■ **WHAT YOU NEED TO DO**:
Beginning with the top line of the listing below, give again every line up to and including the line with "Tension: 220-230V/50hz"; pictures do not belong in the copy.

++++++++++

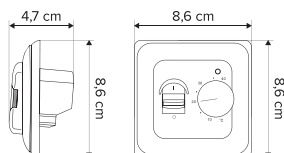

HAKL TH 300

999 Kč

s DPH

elektronický termostat s manuálním ovládáním

- jednoduché ovládání nastavení teploty
- měření teploty pouze v podlaze
- přímé vypnutí ohřevu vypínačem
- signalizace zapnutí ohřevu

Součástí balení každého termostatu je prodloužený podlahový snímač.

i Thermo**STATS**

Výraznou úsporu a vysoce efektivní provoz topení dosáhnete správným nastavením termostatu. Podrobné informace o technických parametrech a možnostech nastavení termostatů žádejte u svého autorizovaného prodejce.

HAKL TH 600

1 790 Kč

s DPH

digitální termostat s pokročilými funkcemi

- intuitivní nastavení ovládání termostatu
- měření teploty prostorovým a podlahovým snímačem
- programovatelný týdenní časový spínač
- jednoduché přepínání mezi manuálním a automatickým režimem
- přímé ZAP / VYP ohřevu
- podsvícený display se signalizací ohřevu
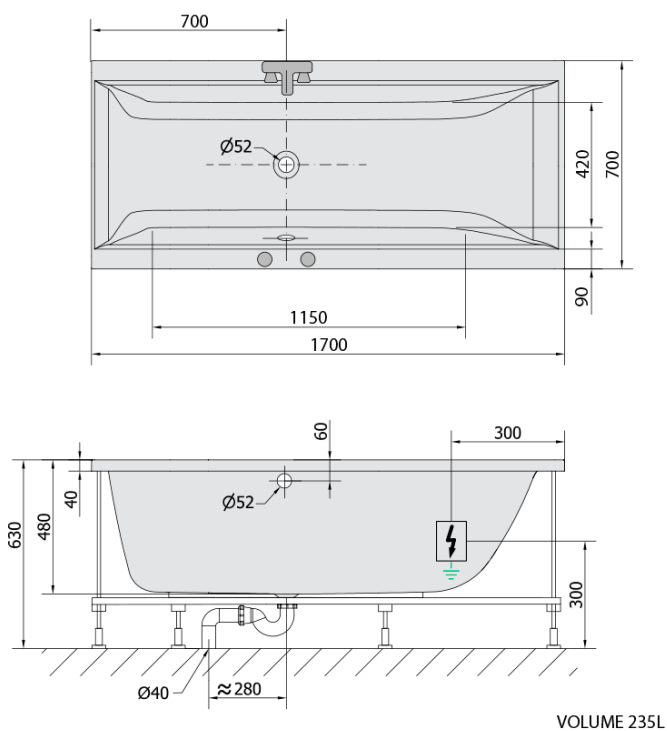

CLEO hydromasážna vaňa, 170x70x48cm, Highline Hydro-Air, chróm

Objednací kód: 74611.6010

Základné informácie

Značka: Polysan
Séria: HYDROMASÁŽNE SYSTÉMY

Rozmery

Dĺžka: 1700 mm
Šírka: 700 mm
Výška: 480 mm
Objem: 245 l

Vlastnosti

Farba: Biela
Možnosti farebného
prevedenia: Podľa vzorkovníka
Materiál: Akrylát
Tvar: Obdĺžnikové
Inštalácia: Vstavaná (na obmurovanie)
Priemer odpadu: 52 mm
Masážny systém: HIGHLINE HYDRO AIR
Hmotnosť / ks: 49.0 kg
Balenie: 1 ks
Záruka: 2 roky

Odporúčame prikúpiť

1 ks Zvukovoizolačná páska k vani, 3m (Objednací kód: 93400)

Technický list

- Electric cable 3x2,5mm²
Lenght 2m from the wall
-  Elektrický kabel 3x2,5mm²
Délka kabelu ze zdi 2m
- Electrical Characteristic:
Tension: 220-230V/50hz
Max. power consumption: 1200W
Electric protection: residual-current device 30mA
- Elektrické vlastnosti:
Napětí: 220-230V/50hz
Max. spotřeba: 1200W
Elektrické jistění: proudový chránič 30mA
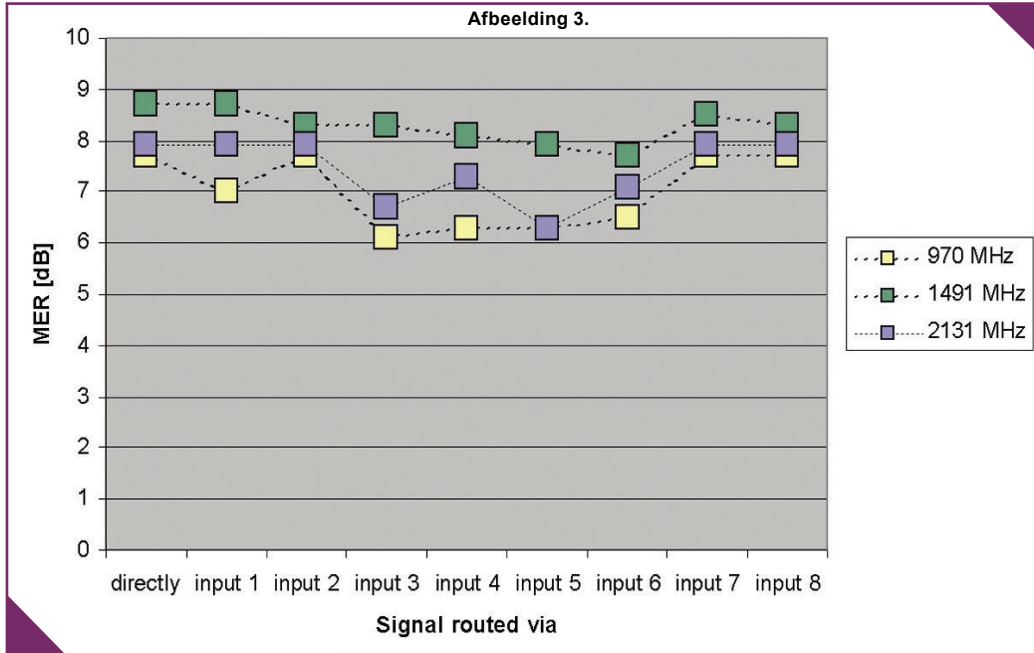

- Arabic العربية
- Indonesian Indonesia
- Bulgarian Български
- German Deutsch
- English English
- Spanish Español
- French Français
- Greek Ελληνικά
- Croatian Hrvatski
- Italian Italiano
- Hungarian Magyar
- Mandarin 中文
- Dutch Nederlands
- Polish Polski
- Russian Русский
- Turkish Türkçe

Kami lebih memperhatikan tentang kinerja *noise*-nya. Berapa banyak kualitas yang menderita ketika melewati switch? Untuk mengevaluasinya, kami mengukur rasio kesalahan modulasi (MER) ketika LNB dihubungkan secara langsung ke analyzer dan jika dihubungkan melalui masukan berbeda pada switch. Kami menguji kesemua 8 masukan dan hasilnya sangat bagus! Lihat Gambar 3. Untuk beberapa kombinasi frekuensi dan terminal masukan, deteriorasi kualitas sinyal tidak terukur! Dalam kasus terburuk MER diturunkan kurang dari 2 dB. Hal ini cukup bagus! Anda bahkan bisa menggunakan switch ini dengan antenna DX Anda, namun jika Anda lakukan, adalah ide yang bagus untuk mencoba satelit yang paling kritis pada masukan switch yang berbeda. Pada pengujian kami, masukan 2, 7 dan 8 adalah yang terbaik.

beralih ke karakteristik produk. Parameter pertama yang kami ukur adalah kehilangan sinyal. P.168-W adalah peranti pasif sehingga tidak bisa memperkuat sinyal, hanya bisa menghambatnya. Spesifikasi menjanjikan kehilangan rata-rata 5 dB. Seperti yang dapat dilihat di Gambar 2, bervariasi dari 1 dB hingga hampir 8 dB, lebih bagus pada L-band yang rendah dan lebih jelek di frekuensi tinggi. Tidak perlu untuk memeriksa berbagai band atau polarisasi sebab setiap LNB mengeluarkan *intermediate frequency* dalam rentang 950~2150 MHz. Sejauh ini, lumayan. Namun kehilangan sinyal bukanlah parameter yang kritis bagi switch.

Kesimpulan Ahli

+

++++++++++

■ **RESPONSE TO THE EXERCISE**:
HAKL TH 300

999 Kč

s DPH

elektronický termostat s manuálním ovládáním

- jednoduché ovládání nastavení teploty
- měření teploty pouze v podlaze
- přímé vypnutí ohřevu vypínačem
- signalizace zapnutí ohřevu

Součástí balení každého termostatu je prodloužený podlahový snímač.

i Thermo**STATS**

Výraznou úsporu a vysoce efektivní provoz topení dosáhnete správným nastavením termostatu. Podrobné informace o technických parametrech a možnostech nastavení termostatů žádejte u svého autorizovaného prodejce.

HAKL TH 600

1 790 Kč

s DPH

digitální termostat s pokročilými funkcemi

- intuitivní nastavení ovládání termostatu
- měření teploty prostorovým a podlahovým snímačem
- programovatelný týdenní časový spínač
- jednoduché přepínání mezi manuálním a automatickým režimem
- přímé ZAP / VYP ohřevu
- podsvícený display se signalizací ohřevu

CLEO hydromasážna vaňa, 170x70x48cm, Highline Hydro-Air, chróm

Objednací kód: 74611.6010

Základné informácie

Značka: Polysan
Séria: HYDROMASÁŽNE SYSTÉMY

Rozmery

Dĺžka: 1700 mm
Šírka: 700 mm
Výška: 480 mm
Objem: 245 l

Vlastnosti

Farba: Biela
Možnosti farebného
prevedenia: Podľa vzorkovníka
Materiál: Akrylát
Tvar: Obdĺžnikové
Inštalácia: Vstavaná (na obmurovanie)
Priemer odpadu: 52 mm
Masážny systém: HIGHLINE HYDRO AIR
Hmotnosť / ks: 49.0 kg
Balenie: 1 ks
Záruka: 2 roky

Odporúčame prikúpiť

1 ks Zvukovoizolačná páska k vani, 3m (Objednací kód: 93400)

Technický list

- Electric cable 3x2,5mm²
Lenght 2m from the wall
-  Elektrický kabel 3x2,5mm²
Délka kabelu ze zdi 2m
- Electrical Characteristic:
Tension: 220-230V/50hz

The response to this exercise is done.